280. Kapitel - Das nun fünf Jahre alte Kind spielt am Bächlein. Die zwölf Grübchen und die zwölf Lehmsperlinge. Die Erklärung des Bildes. Des Erzjuden Ärgernis, und des Kindleins Wunder

280,1. Als das Kind vollends fünf Jahre alt war und einige Wochen darüber, da ging Es einmal an einem Sabbate zu einem Bächlein, das da unfern vom Meierhofe Josephs floss.
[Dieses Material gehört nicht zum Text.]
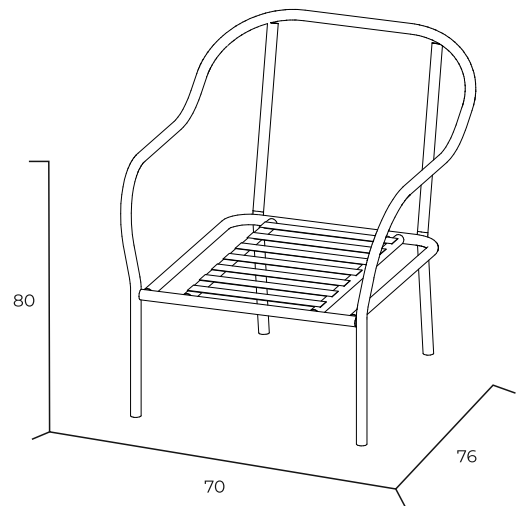

Кресло Lazio (Лацио)

(Нагрузка 90 кг)

КОМПЛЕКТАЦИЯ

		КОЛ-ВО
Корпус		1
Подушка (600x560x70 мм)		1
Подушка (600x600 мм)		1

Кресло Lazio (Лацио)

(Нагрузка 90 кг)

КОМПЛЕКТАЦИЯ

		КОЛ-ВО
Корпус		1
Подушка (600x560x70 мм)		1
Подушка (600x600 мм)		1
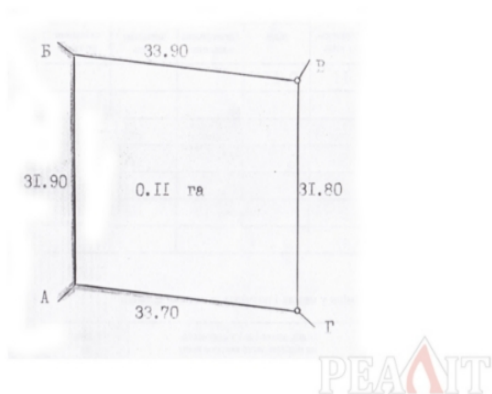

20/27 Земельна ділянка

\$ 4,000

Категорія	: Продаж
Тип	: Земельні ділянки
Країна	: Україна
Область	: Тернопільська
Нас. пункт	: Бучач і Бучацький район
Адрес	: м. Бучач

Рельєф ділянки – похиллий. Розміри – 34 х32м.
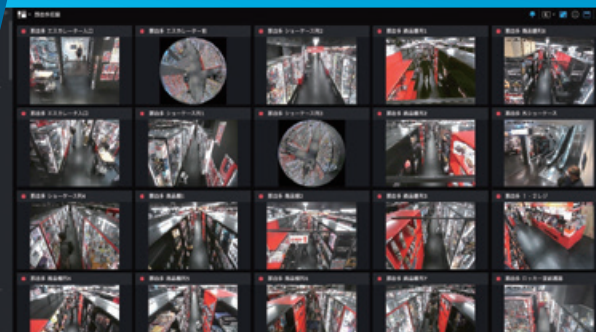

監視カメラのレコーダーにSynology NASを採用 約900台弱のカメラの一括管理で業務効率アップ

株式会社まんだらけ
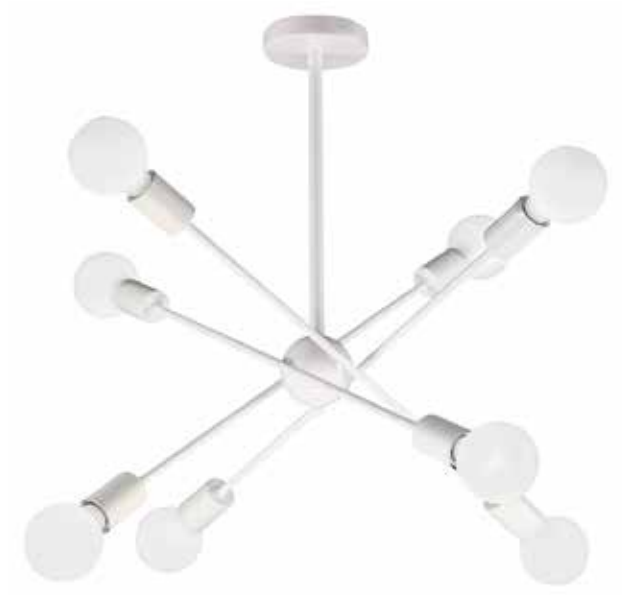

77-8100-67

77-8101-111

Shiro
Metal chrome.
White fabric shade.

L 30cm
H 20cm
φ 11cm
77-8099-24
KQ 2654/1
1xE14, max 60W,
230V

H 37cm
D 70cm
77-8100-67
KQ 2654/3
3xE14, max 60W,
230V

H 20cm
D 94cm
77-8101-111
KQ 2654/6
6xE14, max 60W,
230V
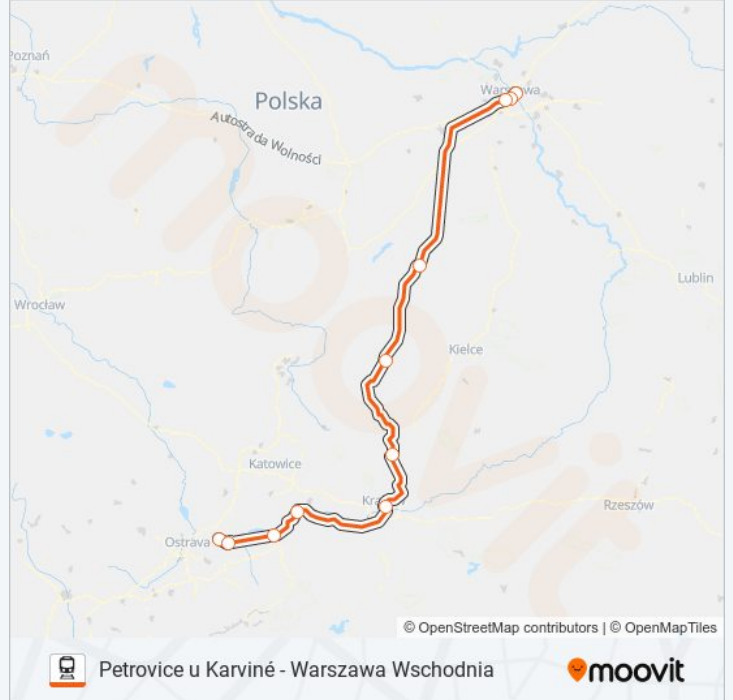

Kolej IC 41010, linia (Petrovice u Karviné - Warszawa Wschodnia), posiada jedną trasę. W dni robocze kursuje:

(1) Warszawa Wschodnia: 03:57

Skorzystaj z aplikacji Moovit, aby znaleźć najbliższy przystanek oraz czas przyjazdu najbliższego środka transportu dla: kolej IC 41010.

**Kierunek: Warszawa Wschodnia**

11 przystanków

[WYŚWIETL ROZKŁAD JAZDY LINII](#)

Petrovice U Karviné  
Zebrzydowice  
Czechowice-Dziedzice  
Oświęcim  
Kraków Główny  
Miechów  
Włoszczowa Północ  
Opoczno Południe  
Warszawa Zachodnia  
Warszawa Centralna  
Warszawa Wschodnia

**Rozkład jazdy dla: kolej IC 41010**

Rozkład jazdy dla Warszawa Wschodnia

poniedziałek	03:57
wtorek	03:57
środa	03:57
czwartek	03:57
piątek	03:57
sobota	03:57
niedziela	03:57

**Informacja o: kolej IC 41010**

**Kierunek:** Warszawa Wschodnia

**Przystanki:** 11

**Długość trwania przejazdu:** 332 min

**Podsumowanie linii:**

Rozkłady jazdy i mapy tras dla kolej IC 41010 są dostępne w wersji offline w formacie PDF na stronie moovitapp.com. Skorzystaj z Moovit App, aby sprawdzić czasy przyjazdu autobusów na żywo, rozkłady jazdy pociągu czy metra oraz wskazówki krok po kroku jak dojechać w Warszaw komunikacją zbiorową.
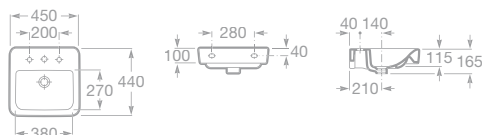

- ☒ 732751T000 Umyvátko 45 × 44 cm s instalační sadou, 1 607 Kč
- ☒ 7337512000 Kryt na sifon s instalační sadou, 1 661 Kč
- ☐ 7337513000 Sloup, 1 928 Kč
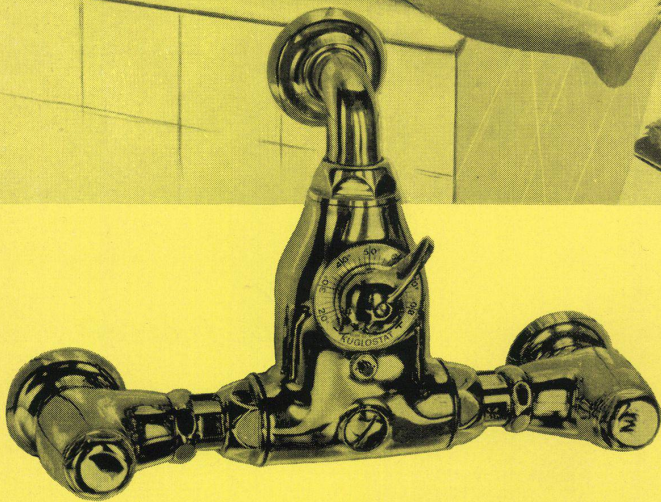

Metalbau AG
Zürich 47
Anemonenstr. 40
Tel. 051/5213 00

SENSATIONELLE NEUHEIT

KUGLOSTAT EIN QUALITÄTSPRODUKT VON KUGLER

CHAVANNES

Das Problem der automatischen Wassermischung . . . endlich gelöst!

So einfach, wie Sie an Ihrem Radio-Apparat eine Sendestation suchen, stellen Sie mit dem Bedienungsgriff am KUGLOSTAT eine gewünschte Temperatur ein.

KUGLOSTAT ersetzt Mischbatterien, gibt Ihrem Badezimmer eine moderne Note und spart Warmwasser. Sicher im Betrieb, selbsttätige Verstellung ausgeschlossen, solid und formschön gebaut.

Verlangen Sie bitte ausführlichen Prospekt und nähere Auskunft.

Ausstattung eines Badezimmers mit Kuglotherm

KUGLOSTAT erübrigt den Einbau von Mischbatterien. Ein einziges normales Ventil auf dem Waschtisch, dem Bidet, ein Auslauf- und Duschenventil bei der Badewanne genügen. Kostenberechnungen haben ergeben, daß eine Badezimmerausstattung KUGLO-THERM je nach Anordnung der Apparate nicht oder nur unwesentlich teurer ist als eine normale Einrichtung.
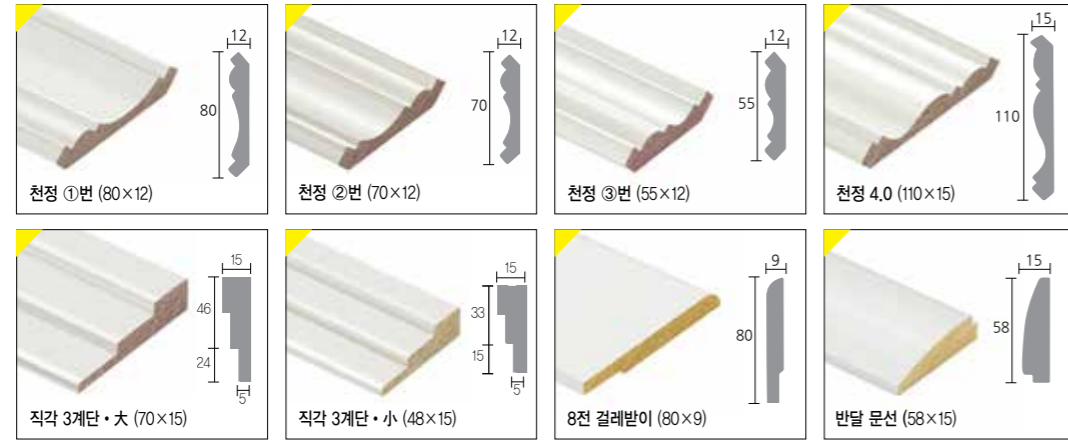

예림 에코몰딩

재고운영

도색 페이퍼몰딩

280,2. Es war gar ein heiterer Tag, und mehrere Kinder geleiteten den kleinen munteren Jesus dahin;

280,3. denn es hatten alle die Nachbarskinder Jesum gar lieb, weil Er stets munter war und wusste eine Menge unschuldiger Kinderspiele anzuordnen.

280,4. Aus diesem Grunde folgten die Nachbarskinder Ihm auch diesmal gar freudig.

280,5. Als die kleine Gesellschaft am Bache ankam, da fragte das Kindlein Seine Mitgespielen, ob es wohl erlaubt sein wird, an einem Sabbate zu spielen.

280,6. Die Kinder aber sprachen: „Kinder unter sechs Jahren sind nicht unter dem Gesetze, und wir alle sind noch einzeln kaum sechs Jahre alt;

280,7. daher können wir wohl spielen auch am Sabbate; denn unsere Eltern haben uns solches noch nie untersagt!“

280,8. Und das Jesuskind sprach darauf: „Gut gesprochen! Also lasset uns ein Spiel machen!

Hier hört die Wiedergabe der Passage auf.